Мэри прошла прямо к себе и заперла дверь. А, это Тиззи зовет меня пить чай. Интересно, какой заварили сегодня? Индийский или китайский? До чего мне нравится звяканье ложечки о чашку! Нравится проводить по краям чашки кончиками пальцев.
В дверь постучали. Мэри прижалась к филенке и ощутила щекой прохладу дерева.
– Сию минуту иду, Тиззи.
– Живее, мисс Лэм, не то остынет.
– Нет-нет. Не успеет.
Дождавшись, пока Тиззи спустилась вниз, Мэри отперла дверь, тихонько прикрыла ее за собой и напряженно прислушалась.
Полминуты спустя она вошла в кухню. Миссис Лэм повязывала мужу на шею салфетку.
– Садись, Мэри, пей чай. Я поражаюсь: ты живешь в доме столько лет и до сих пор опаздываешь к столу. В чем дело? Ты нездорова? Что это такое?

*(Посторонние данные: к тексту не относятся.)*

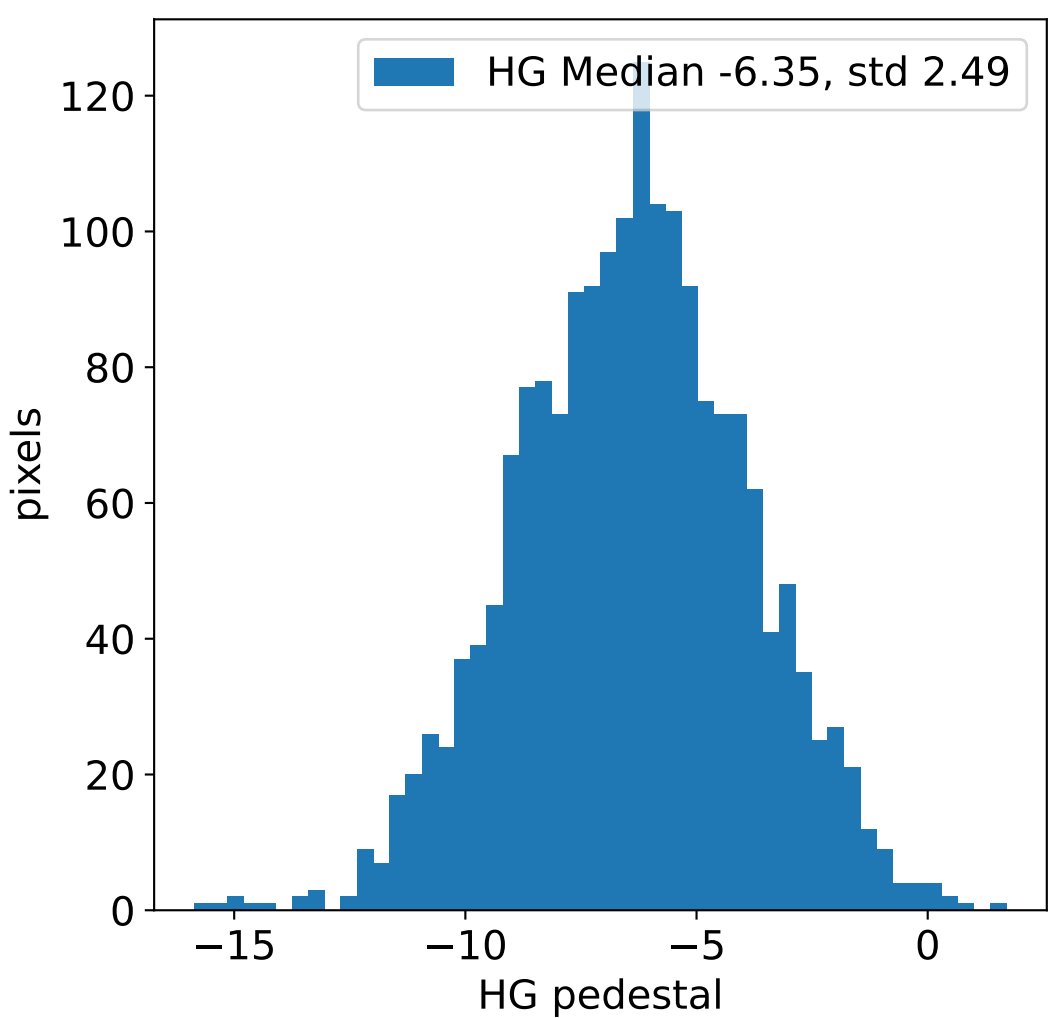

Run 11948, integration on 12 samples

Run 11948, pixel 0

Run 11948, pixel 0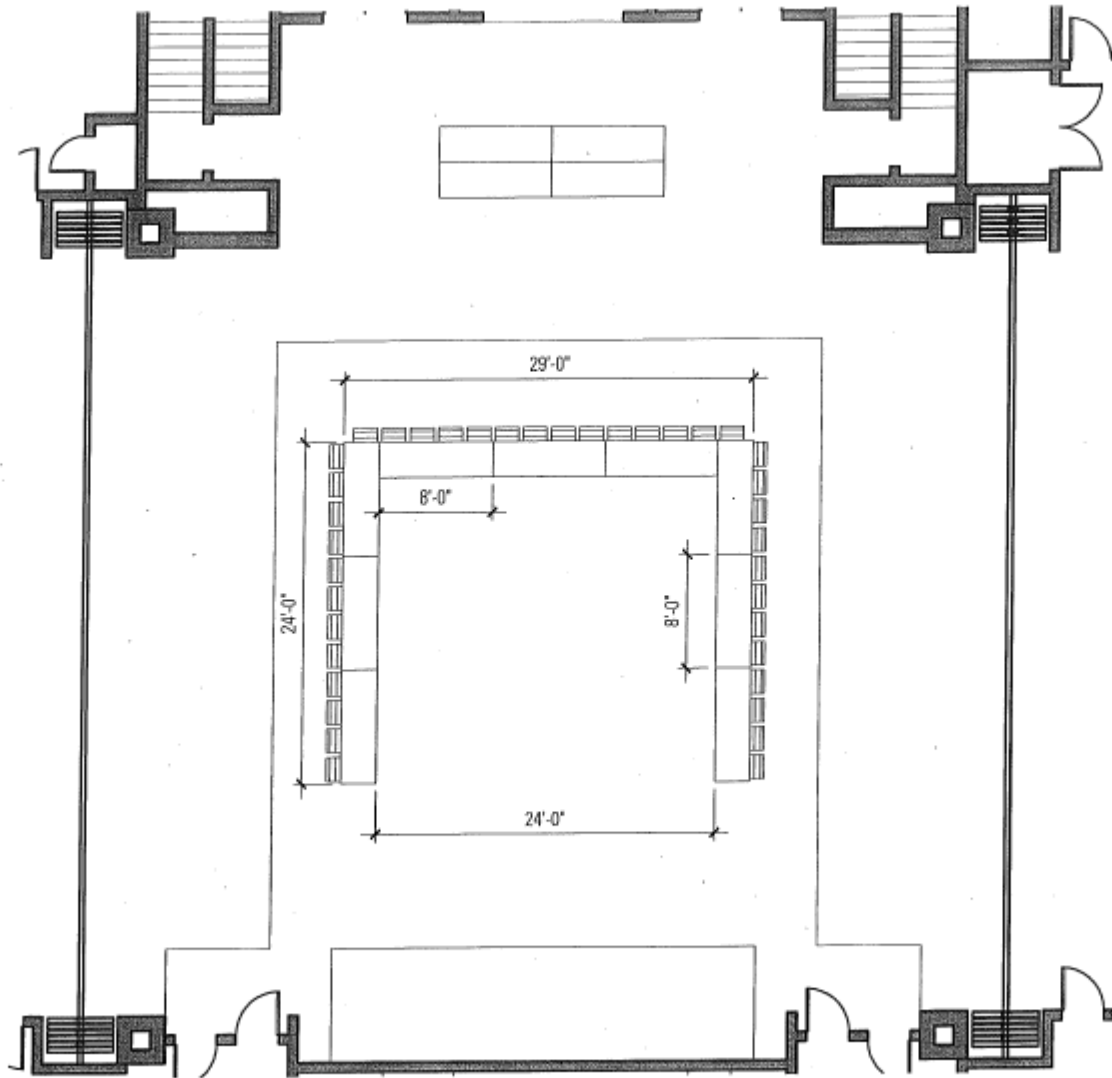

U-SHAPE STYLE

38 SEATS

SODA CENTER

SAINT MARY'S COLLEGE

MORAGA ROOM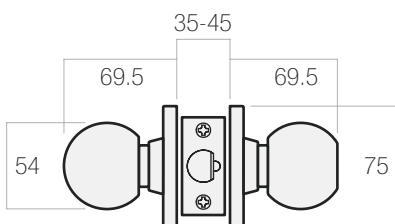

## Classroom Knobset

BRAVA Metro Commercial Grade Classroom Knobset.

EA3012SS70

Dimensions (mm)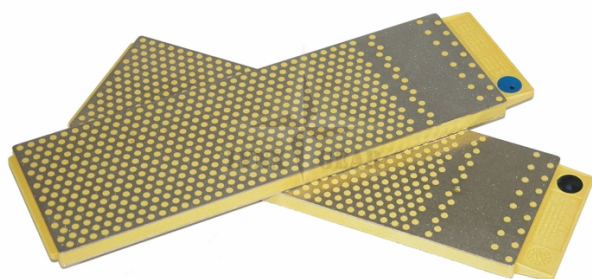

Online store WWW.LYNXGEAR.LV
Company: SIA LATLYNX
info@lynxgear.lv, +371 26159668
Reg. No. 45403038162, VAT Reg. No.
LV45403038162,
Legal address: Baznicas iela 8,
Aizkraukle, Aizkraukles novads,
LV-5101, LATVIJA
Bank Account: LV87UNLA0050021387494
AS SEB Bank, SWIFT: UNLALV2X

ORDER CONFIRMATION

Not Rated Yet

Sales price 137,95 €

Salesprice with discount

Incl. VAT 21%: 23,94 €

1-4 Weeks

Description

Innovative, multi-patented DuoSharp® Bench Stone is a precision flat, two diamond surfaced sharpener guaranteed to provide consistent, even sharpening every time. 8" DuoSharp® Bench Stone is an excellent counter and bench sharpener, with a larger, wider diamond surface for sharpening a variety of edges. Choose from the following grit combinations: coarse/extra-coarse, fine/coarse, extra-fine/fine or extra-fine/coarse. The model comes with the Bench Stone Base Accessory.

Grit Descriptions:

- Extra-Fine diamond (9 micron / 1200 mesh) to polish and refine a razor edge after sharpening with a coarser diamond
- Fine diamond stone (25 micron / 600 mesh) for a razor sharp edge.
- Coarse diamond stone (45 micron / 325 mesh) to quickly restore a neglected edge.
- Extra-Coarse diamond (60 micron / 220) when significant removal of material is needed for damaged edges.

Sharpening with diamonds is fast and easy. No messy oils needed—sharpen dry or with water. Durable construction will provide years of consistent performance and reliable service. For proper tool maintenance, woodworkers, chefs and other professionals rely on the superior quality and versatility of DMT® products. Made in USA.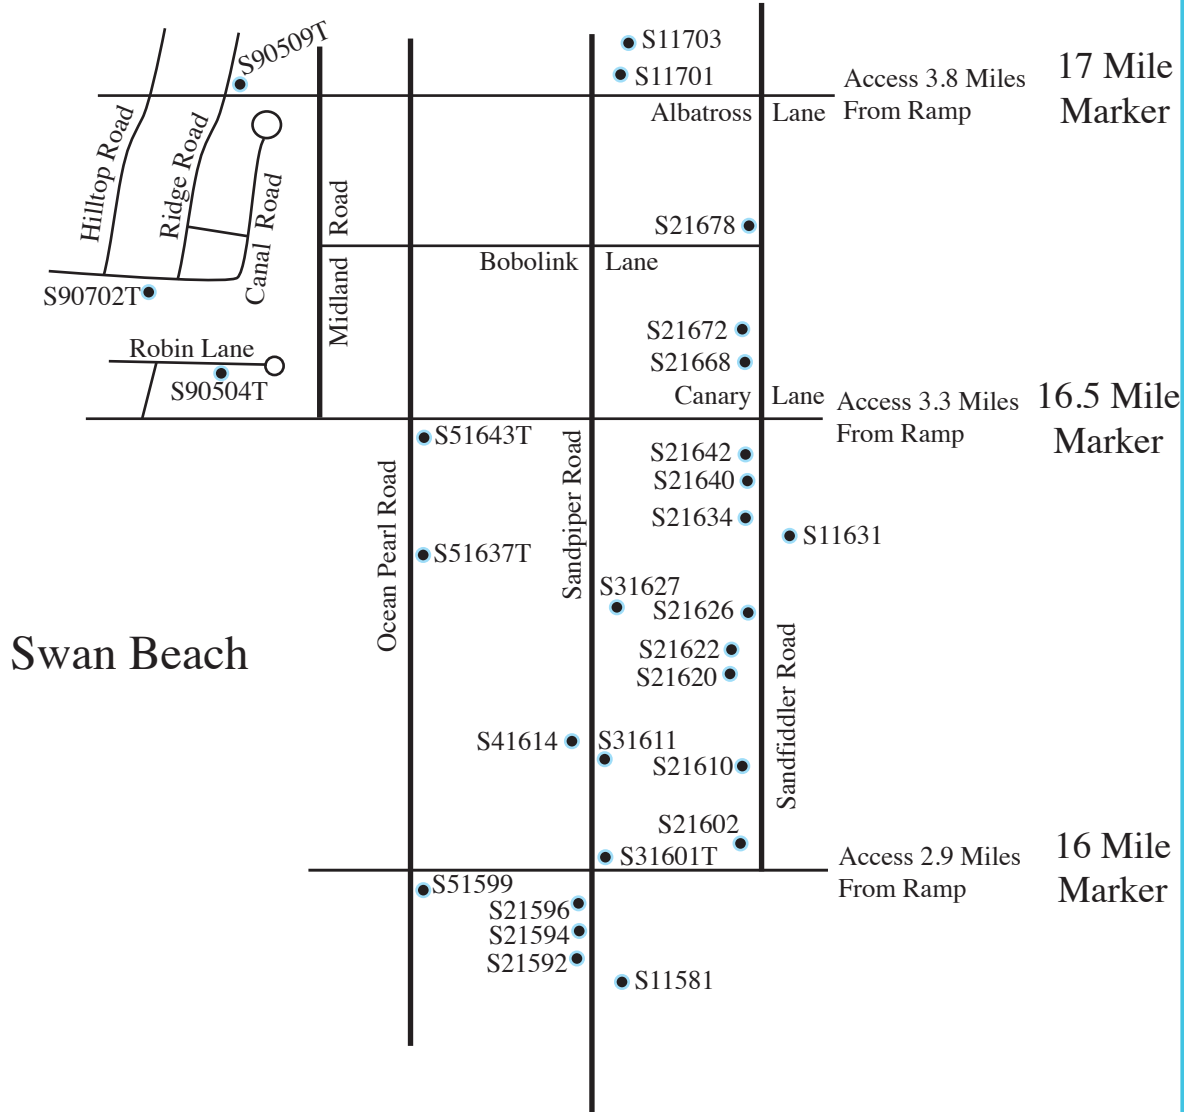

# 4 X 4 SOUTH SWAN BEACH

THIS MAP IS FOR DIRECTIONAL PURPOSES ONLY.  
DISTANCES ARE APPROXIMATE.

Swan Beach

ATLANTIC OCEAN

1181 Duck Road - Duck, NC 27949  
1142 Ocean Trail, PO Box 369 - Corolla, NC 27927  
Rentals: (252) 457-1100 (800) 489-4339

[www.twiddy.com](http://www.twiddy.com)

Main Ramp to  
Access 4x4 Area  
1.2 Miles North of  
Corolla Office

**T** ★ You are here

**T** = Corolla Rental Office

Не сводя с матери остановившегося взгляда, Мэри молча открывала и закрывала рот, будто внезапно лишилась дара речи.
Раздался долгий низкий вой – это застонал мистер Лэм. Мэри подняла чайник перед собой, словно обороняясь:
– А ты не видишь, что это такое? – сказала она, обращаясь к отцу.
– Это чайник, Мэри. – Миссис Лэм подошла к дочери и ухватила ее за запястья. – Поставь его. Сейчас же поставь.
После непродолжительной борьбы чайник упал на стол, расплескав по темной столешнице кипяток с разопревшими листьями. Мэри схватила длинную вилку, на которой в пламени камина обжаривали лепешки, и вонзила ее в шею матери. Миссис Лэм без единого звука рухнула на пол. В эту минуту в кухню вошел Чарльз.
– Buon giorno! – весело произнес он.